The increase in average bacterial diversity as the larvae mature suggests a shift in gut bacterial diversity. This occurs either in response to host development or an increase in leaf consumption and the age of mulberry leaves that were used. Strains that possessed high Shannon diversity values also possessed high Pielou’s evenness values. This may suggest a potential link between bacterial diversity and evenness among the silkworm strains. This also indicates that bacterial diversity and evenness may be related given that the presence of fewer dominant bacterial taxa may allow more taxa to grow, as it is less likely that a certain taxon would monopolize resources or inhibit the growth of others. It should be noted, however, that neither silkworm strains nor instars appeared significantly different in terms of bacterial diversity overall, and only silkworm strains were significantly different in terms of bacterial evenness. This again relates to the similarity of the strains in terms of phenotypic traits and the most abundant bacterial taxa in their guts. These are also expected as the strains are genetically similar [9].

Quantitative measures of similarity among strains (Bray–Curtis dissimilarity) seem to set strain DMMMSU 119 apart from the other three silkworm strains. The other strains cluster together supporting the observed similar phenotypic traits. Whereas silkworm instars appeared significantly different from one another overall, only second and fourth instars appeared significantly different from each other. Both strains and instars appear similar in terms of qualitative measures of similarity that do not take bacterial abundance into account (Jaccard similarity). DMMMSU 119 was also significantly different from strains MO202 and MO204, and third and fifth instars also appeared significantly different from each other. This indicates that strains and instars are similar in terms of the bacterial taxa present but are less similar in terms of the actual abundance of these bacterial taxa.
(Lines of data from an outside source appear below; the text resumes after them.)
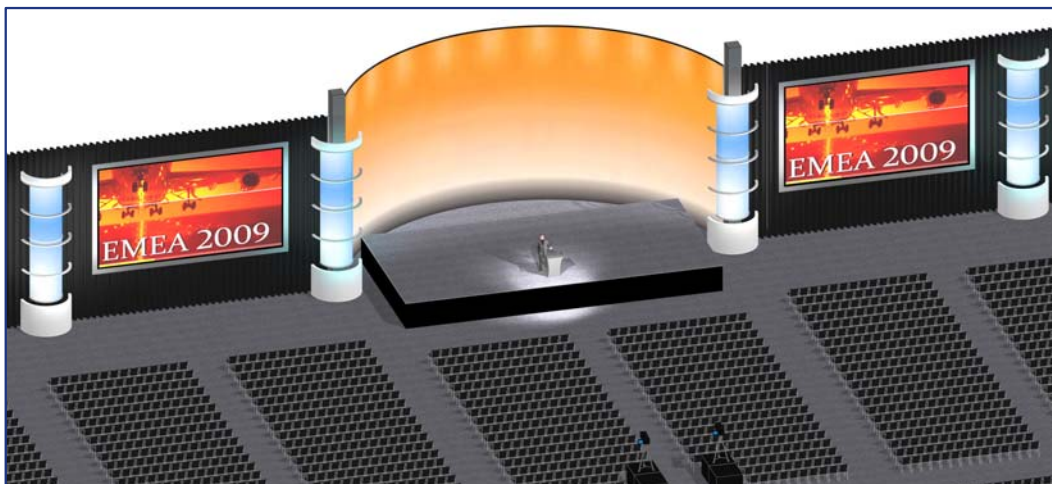

rental set 013

- hard screen surrounds
- hard walls
- backlit columns
- carpeted stage & decks
- curved white cyc backing
- drape run-off left & right
- lectern

blue | line studios

5. Summary and Conclusions

In this study, the bacterial communities of the four silkworm strains reared in the Philippines were investigated using high-throughput 16S rRNA gene amplicon sequencing and analysis. The results showed the abundance of five bacterial genera that were also found in other silkworm strains. Although the likely association of some of the bacterial species to biological activity in the gut as well as their involvement in the growth, development, and survival of silkworms have been reported, the exact roles of the bacteria within the silkworm strains in the present study and how these roles correlate to the production economically important silk characteristics. remain to be elucidated. Evidently, the results expand the biological data available for the silkworm strains present in the country and will be a useful source of information for future strain improvement to enhance the sustainability of quality silk production.